I have my personal feelings on it, but the American people have chose to move on, and President Trump, it's his prerogative to do this. He did not hide that he was going to pardon January 6th individuals that was wrongfully charged by the DOJ. I get what you're saying about the violent crimes. However, that is still the president's prerogative, just like it was Joe Biden's prerogative to parole the 37 murders or commute their sentences. It is still...
the president's prerogative to do that. Regardless of you and I agree with or not, the president has the authority and the American people chose to put President Trump in office by overwhelming support. That's Senator Mark Wayne Mullen of Oklahoma. Paula, what do you think about that?

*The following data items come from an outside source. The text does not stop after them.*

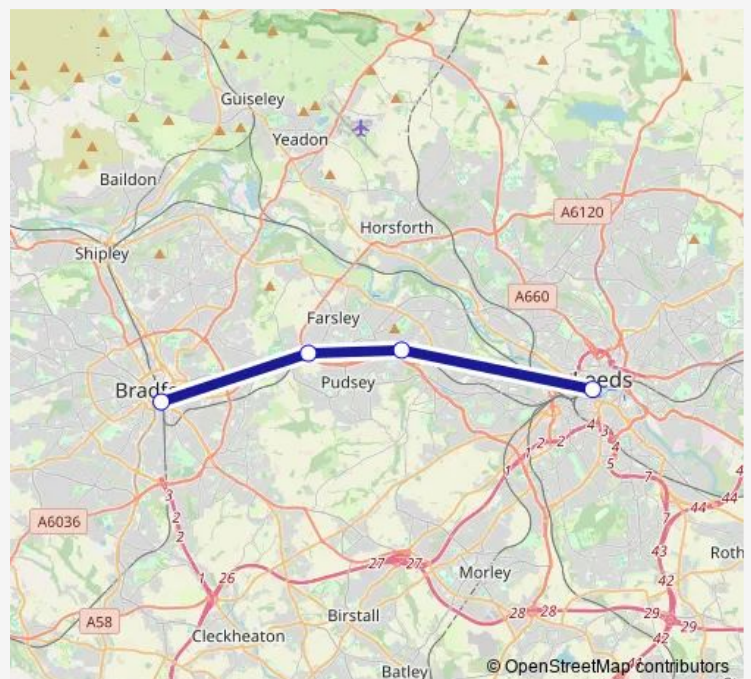

## Rail Replacement Bus Service Northern Bradford Interchange - Leeds

[Go to website](#)

### Direction

Bradford Interchange — Leeds

4 stops

[Open route schedule](#)

Bradford Interchange

New Pudsey

Bramley (West Yorkshire)

Leeds

### Route schedule

Bradford Interchange — Leeds

Monday	23:59
Tuesday	23:59
Wednesday	23:59
Thursday	23:59
Friday	—
Saturday	—
Sunday	—

### Route info

Direction: Bradford Interchange

Stops: 4

Trip Duration: 0 hour 40 min

■ Northern — Bradford Interchange - Leeds

Northern Rail Replacement Bus Service time schedules and route maps are available in an offline PDF at [busmaps.com](https://busmaps.com). Use the [busmaps.com](https://busmaps.com) website to see live bus times, train schedule or subway schedule, and step-by-step directions for all public transit in Bradford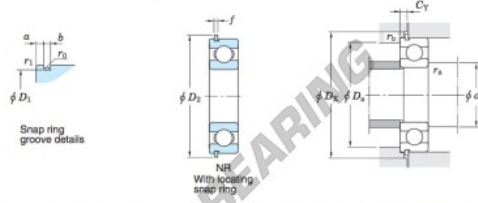

## Deep groove ball bearing single row 6005-NR-JTEKT - 6005-NR-JTEKT

<https://www.123bearing.ca/bearing-housing/deep-groove-bearing/single-row/6005-nr-jtekt>

### Single-row deep groove ball bearings ————— Koyo snap ring groove type locating snap ring type

Boundary dimensions (mm)					Basic load ratings (kN)			Factor		Limiting speeds (min <sup>-1</sup> )		Bearing No.		
d	D	B	r	r <sub>1</sub>	C <sub>10</sub>	C <sub>90</sub>	f <sub>0</sub>	Grease lub.	Oil lub.	With snap ring groove	With locating snap ring	D <sub>1</sub> max.		
25	47	12	0.6	0.5	10.1	5.85	14.5	15 000	18 000	6005NR	6005NR	44.6		

Dimensions of snap ring groove (mm)			Dimensions of locating snap ring (mm)		Mounting dimensions (mm)						(Refer.) Mass (kg)	(Refer.) Bearing No.	
a	b	r <sub>0</sub>	D <sub>2</sub>	f	d <sub>2a</sub>	D <sub>2a</sub>	D <sub>2c</sub>	C <sub>Y</sub>	r <sub>2a</sub>	r <sub>2b</sub>	r <sub>2c</sub>	0.080	6005N
max.	±0.15	max.	max.	±0.05	min.	max.	min.	max.	max.	max.	max.		
2.06	1.5	0.4	52.7	1.07	29	43	53.5	2.92	0.6	0.5			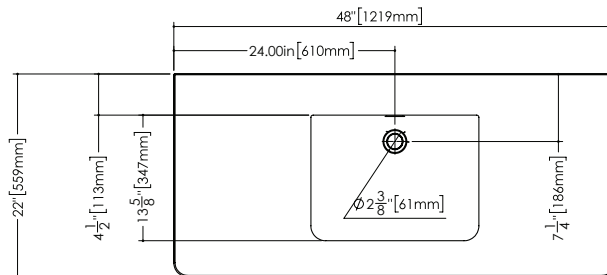

BAUHAUS COLLECTION

NEW

VBHXS 48C 48" x 22" x 3/4"

(1219 x 559 x 19 mm)

BAUHAUS LAVATORY

1 SELECT MODEL AND FAUCET HOLES CONFIGURATION

- 1A - Without overflow
- or 1B - With overflow
- + 1Bi - Overflow trim finish

2 SELECT FINISH

3 OPTION

Pop-up drain p.316

WEIGHT: 25 lb (US) 12 kg (CA)
APPROXIMATE DELIVERY: 4 weeks
FREIGHT: Consult Freight Annex

1A MODEL WITHOUT OVERFLOW (Ex.: VBHXS-48C-1-GA)

MADE OF WETMAR BIO™

CODE	FAUCET HOLE	OVERFLOW	MATTE (MA)	TRUE HIGH GLOSS™ (GA)	NEW MATTE BLACK (MBL) MATTE GREY (MGR)
VBHXS-48C	No hole	None	$1265	$1435	$1720
VBHXS-48C-1	1 hole for mono faucet	None	$1325	$1500	$1790
VBHXS-48C-8	3 holes for 8" c/c faucet	None	$1345	$1520	$1810

1B MODEL WITH OVERFLOW (Ex.: VBHXS-48C-O-1-PC-GA)

MADE OF WETMAR BIO™

CODE	FAUCET HOLE	OVERFLOW	MATTE (MA)	TRUE HIGH GLOSS™ (GA)	NEW MATTE BLACK (MBL) MATTE GREY (MGR)
VBHXS-48C-O	No hole	Overflow	$1420	$1615	$1940
VBHXS-48C-O-1	1 hole for mono faucet	Overflow	$1485	$1680	$2010
VBHXS-48C-O-8	3 holes for 8" c/c faucet	Overflow	$1505	$1700	$2030

+ 1Bi SELECT OVERFLOW TRIM FINISH Append selection to code (Ex.: VBHXS-48C-O-1-PC-GA)

ADD TO CODE	DESCRIPTION	PRICE
-NT, -PC, -BN	No Trim, Polished Chrome, Brushed Nickel	No charge
-MB, -SB	Matte Black, Satin Brass	+$50

2 SELECT FINISH Append selection to code (Ex.: VBHXS-48C-O-1-PC-GA)

ADD TO CODE	DESCRIPTION
-GA, -MA, -MGR, -MBL	White True High Gloss™, White Matte, Matte Grey, Matte Black

PLAN VIEW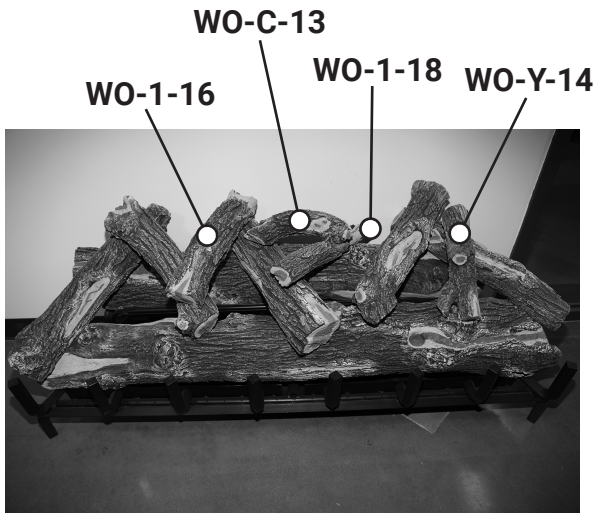

JUMBO/JUMBO SLIMLINE 60" LOG PLACEMENT GUIDE

GrandCanyonGasLogs.com

Phone: (602) 344-4217 • customerservice@grandcanyongaslogs.com • 3515 E. Atlanta Ave. Phoenix, AZ 85040

RPG BRANDS

RPG BRANDS FAMILY OF COMPANIES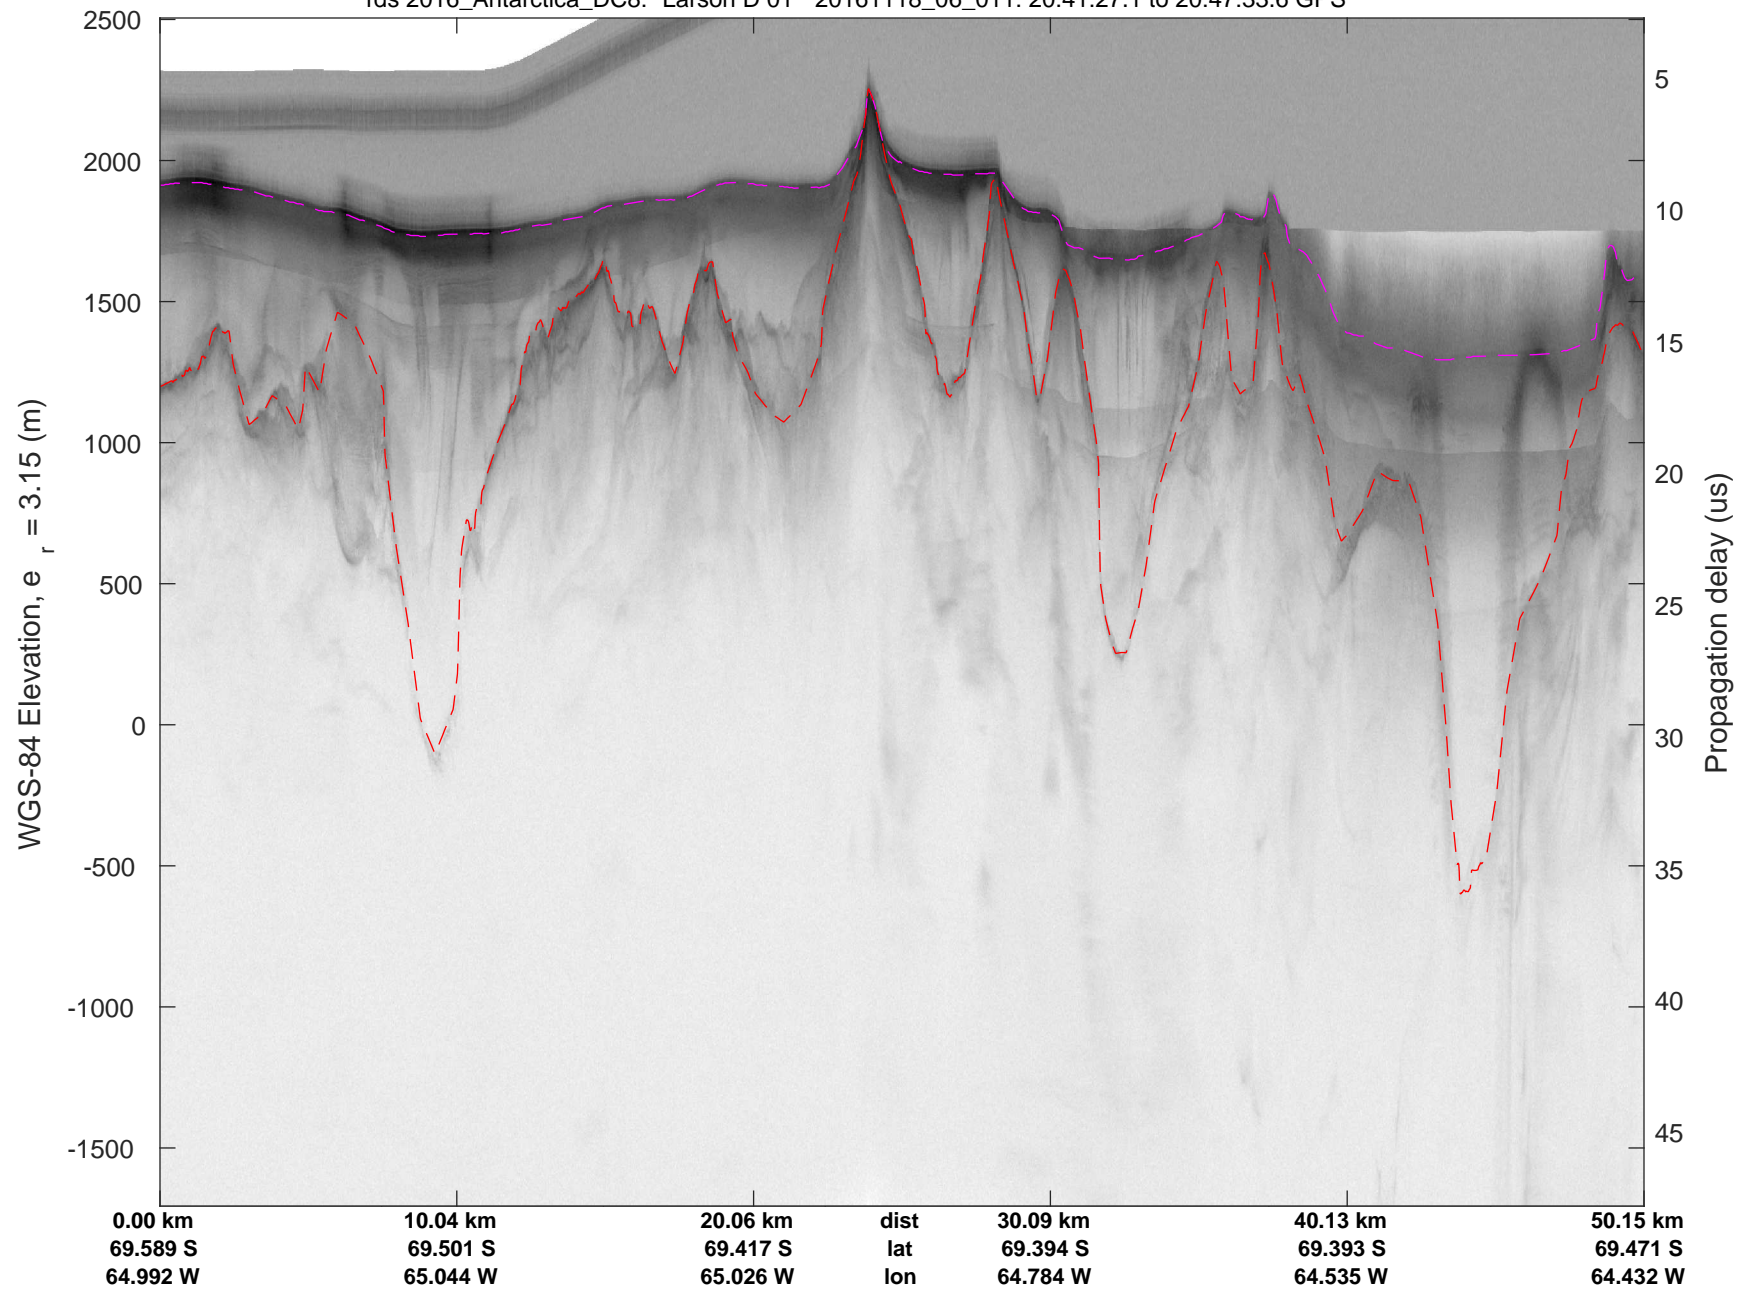

rds 2016_Antarctica_DC8: "Larson D 01" 20161118_06_011: 20:41:27.1 to 20:47:33.6 GPS

Well, here's the thing about the presidential pardon power, unlike some of Trump's other moves, is it is absolute and it is expansive. But this is not exactly what he said he would do. Right. Both he and Vance and the speaker assured people that violent offenders would not be pardoned. And that is exactly what he did. So I don't think we can let him. But Joe Biden, his way out of that. But former President Biden said,
did give them some political talking points by saying repeatedly that he wouldn't pardon his son Hunter and then pardoning him instead of commuting a sentence or doing something else, and then pardoning many members of his family. I mean, legally, it doesn't make a difference. Trump had the power, Biden had the power, but politically, they use a lot of the moves that former President Biden made to justify their own more broad pardons, even back
two months ago when I was talking to the Trump advisors about how they would do this. And I said, look, this sounds like it's going to be pretty broad. It would every time it would be. But Hunter Biden, didn't you see what he just did with Hunter Biden? It was as if he gave them like a political license to do whatever they wanted here. So, again, legally, it doesn't make a difference. But politically, they've definitely seized on the moves that Joe Biden made to justify, you know, not doing what they said they would do. Yeah.
Well, Paula Reid, chief legal correspondent for CNN. Thank you, Paula, for joining us as always. Thank you. Mary, I want to put the last question to you because to me it seems like belief in the rule of law is one of the key things that holds a democracy together, right? Because we agree as a nation that we are going to abide by this broader system that's supposed to be equally applied to all of us.
If that belief is frayed, what does that say? We've just I'm sorry, we've only got about 30 seconds left, Mary. But what does that say about our belief in the health or the legitimacy of our own democracy? Well, it raises a very dangerous prospect, right? Where are we going from here? And I just would like to close with a quote from one of the district court judges who then had to rule on a motion to dismiss one of the pending cases after the pardons. And
And, you know, she said no national injustice occurred here, that no process of national reconciliation can begin when poor losers whose preferred candidate loses an election are glorified for disrupting constitutionally mandated proceedings in Congress and doing so with impunity. That merely raises the dangerous specter of future lawless conduct by other poor losers and undermines the rule of law.
Well, Mary McCord, executive director at the Institute for Constitutional Advocacy and Protection and visiting professor at Georgetown University Law Center. Thank you, Mary. Thank you, Meghna. I'm Meghna Chakrabarty. This is On Point.